Mother Simulator is a PC game that lets you take care of a baby. You change their diaper, give them a bottle and a pacifier, and tend to their needs when they start crying. It seems simple, until you realize you’ve been clenching your jaw and you’ve got a cramp in your neck cause your kid just won’t stop needing things.
Mother Simulator starts with three tutorial levels that teach you how to give your kid a pacifier, change their diaper, and prepare a bottle. The physics are wonky, and each level has a conspicuous timer ticking down at the time of the screen, adding just enough pressure that you’re prone to mess things up. You’ll accidentally throw the pacifier halfway across the room, knock over the bottle and get it dirty, or drop formula all over the floor before you figure out how to feed your screaming child. Once you’re out of the tutorial, things get harder as you’re expected to feed yourself on top of taking care of your baby. In one level, you manage having food poisoning by intermittently running to the bathroom while also caring for your kid.
What starts out banal becomes surreal. The game’s Steam description assures you that the baby is “totally not evil,” though if you look, you can earn an achievement called “Evil.” The game’s premise is also just bizarre. You’re on a reality television show taking care of a robot baby, and according to the opening screen, this is “the most popular television show for the whole family.” There’s an in-game audience for this show, as you can hear loud cheering and jeering as you play through each level. And that’s not even getting into the actual challenges of the game. The goal of one the levels is to throw out your baby’s dirty diapers by shooting hoops with them in your backyard.
The whole game feels like a sprint, where you’re trying to juggle both your and your kid’s needs before you run out of time. Although it’s not a true to life simulation, it does seem as exhausting as parenthood actually is, at least according to how scattered my friends who are parents always seem to be. As a person who wants to be a mom someday, I’m also happy to report that according to Mother Simulator, I’m in the top 10 moms in the world. Suck it, my very tired parent-friends!

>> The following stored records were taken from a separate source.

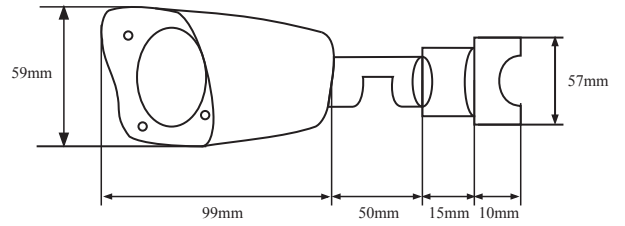

Özellikler:

İç/Dış mekanlar için 800TVL bullet kamera.
Kapı önü ve bahçe duvarı gibi açık alanlarda kullanıma uygun.

- 1/3" Digital Image Sensor (DIS)
- 800TVL (Renkli), 850TVL (S/B)
- 24 Adet IR Led
- Mekanik Filtre Değişirme (IR-Cut)
- 3.6mm Lens

25m IR Mesafesi

Teknik Özellikler	
Sensör	1/3" Digital Image Sensor (DIS)
Etkin Piksel	760(H)x580(V) 440K Piksel (PAL)
Yatay Çözünürlük	800TVL (Renkli), 850TVL (S/B)
Min. Aydınlatma	0 Lüks (IR Açık)
S/N Oranı	> 48dB (AGC Kapalı)
Gece/Gündüz	Otomatik
Mekanik Filtre	Var
Elektronik Shutter Hızı	1/50- 1/100.000sn
OSD (Ekran Üstü Menü)	-
Lens Tipi	3.6mm
IR Led Sayısı	24 Adet
IR Görüş Mesafesi	25m
Smart IR	-
AGC	Otomatik
BLC	-
HLM	-
WDR	-
DNR	-
Otomatik Elektronik Shutter (AES)	Otomatik
Sens-up	-
Titreme Kontrolü	Açık /Kapalı
Özel Hayat Maskeleyme	-
Hareket Algılama	-
Kamera İsimlendirme	16 Karakter
Çift Cam	Var
Yansımaya Önleyici	Var
Dış Kutu Malzemesi	Metal
Buğu Önleyici	-
x-Eksen Ayarı	3
Gizli Kablo	Var
Sertifikaları	CE, FCC
Koruma Sınıfı	IP66
Çalışma Sıcaklığı	-10°C - +50°C
Ölçüler	174 (L) x 59 (H) mm
Ağırlık	0.5kg
Çalışma Gerilimi	12VDC
Çalışma Akımı	250mA (IR Kapalı)
Güç	3W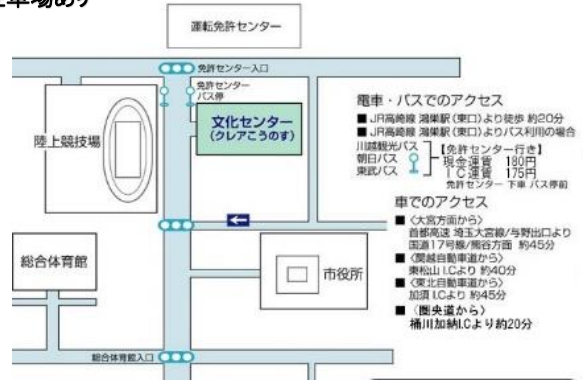

◆会場一覧◆ **【大宮会場】ソニックシティ市民ホール**はソニックシティビル4階、**公社研修室**はソニックシティビル10階です

【川越会場】

川越市新宿町1-17-17
ウエスタ川越 2階 会議室1・2
 JR 川越線 または 東武東上線 川越駅 西口より徒歩5分

駐車場あり

【鴻巣会場】

鴻巣市中央 29-1
クリアこうのす 3階 大会議室 A、B
 JR 高崎線 鴻巣駅 東口より徒歩 20分

駐車場あり

【草加会場】

草加市松江1-1-5
草加市文化会館 3階 第1会議室
 東武スカイツリーライン(東武伊勢崎線)
 「獨協大学前<草加松原>」駅 東口より徒歩5分

駐車場あり

【飯能会場】

飯能市本町1-7
飯能商工会議所 1階 大会議室
 西武池袋線 飯能駅より徒歩7分 東飯能駅西口より徒歩12分

駐車場なし

【(工具入門)熊谷会場】

熊谷市新堀新田522
熊谷高等技術専門学校
 JR 高崎線 籠原駅南口より徒歩15分(1.1km)

駐車場(少数)

【(工具入門)川口会場】

川口市青木4-4-22
川口高等技術専門学校
 JR 京浜東北線 西川口駅 東口よりバス5分 青木中学校 下車すぐ
 埼玉高速鉄道 南鳩ヶ谷駅 ②番出口よりバス4分 青木中学校 下車すぐ
 西川口駅東口より徒歩 20分(1.7km)

駐車場なし

【(工具入門)春日部会場】

春日部市下大増新田61-1
春日部高等技術専門学校
 東武線春日部駅西口バス②番のりばより バス10分
 「グランド前」または「かすかべ温泉バス停」下車徒歩3分
 豊春駅から徒歩 30分 (2.3km)

駐車場(少数)

【(工具入門)川越会場】

川越市並木 572-1
川越高等技術専門学校
 JR 川越線 南古谷駅より徒歩10分

駐車場あり

Mother Simulator is one of those games with the same pedigree as I Am Bread or Catlateral Damage. It’s got an off-beat sense of humor and has controls that are just wonky enough to be a challenge but not so wonky that you want to tear out your own hair. If this game makes its way through the Jacksepticeyes and Markipliers of the world, I would not be surprised. For now I am content in the knowledge that Mother Simulator has determined that I’d be a great mom.